Task to carry out >>
The lines to reproduce run from the one containing "HOHES ELEMENT G TIEFER RECHTS" through the end of the records below. Reproduce them exactly and add nothing.

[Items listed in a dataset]
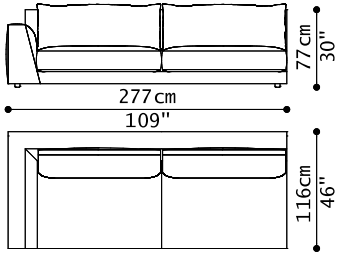

07 S76 N/E D. BLACK 03.2023

1DNIEGASXP

HOHES ELEMENT G TIEFER LINKS
HOHES ELEMENT G TIEFER RECHTS

1DNIEGASXP		2DNIEGASXP	
1DNIEGADXP		2DNIEGADXP	
Cat.3	4.781,00	Cat.E	6.304,00
Cat.4	4.975,00	Cat.F	7.734,00
Cat.5	5.120,00	Cat.G	8.390,00
Cat.6	5.265,00	Cat.H	9.343,00
Cat.7	5.458,00	Cat.I	11.190,00
Cat.8	5.652,00	Cat.L	12.024,00
Cat.9	6.232,00	Cat.M	13.097,00
Cat.10	6.619,00		
Cat.11	7.054,00		
Cat.12	7.489,00		
Cat.13	8.021,00

Reply >>
HOHES ELEMENT G TIEFER RECHTS

1DNIEGASXP		2DNIEGASXP	
1DNIEGADXP		2DNIEGADXP	
Cat.3	4.781,00	Cat.E	6.304,00
Cat.4	4.975,00	Cat.F	7.734,00
Cat.5	5.120,00	Cat.G	8.390,00
Cat.6	5.265,00	Cat.H	9.343,00
Cat.7	5.458,00	Cat.I	11.190,00
Cat.8	5.652,00	Cat.L	12.024,00
Cat.9	6.232,00	Cat.M	13.097,00
Cat.10	6.619,00		
Cat.11	7.054,00		
Cat.12	7.489,00		
Cat.13	8.021,00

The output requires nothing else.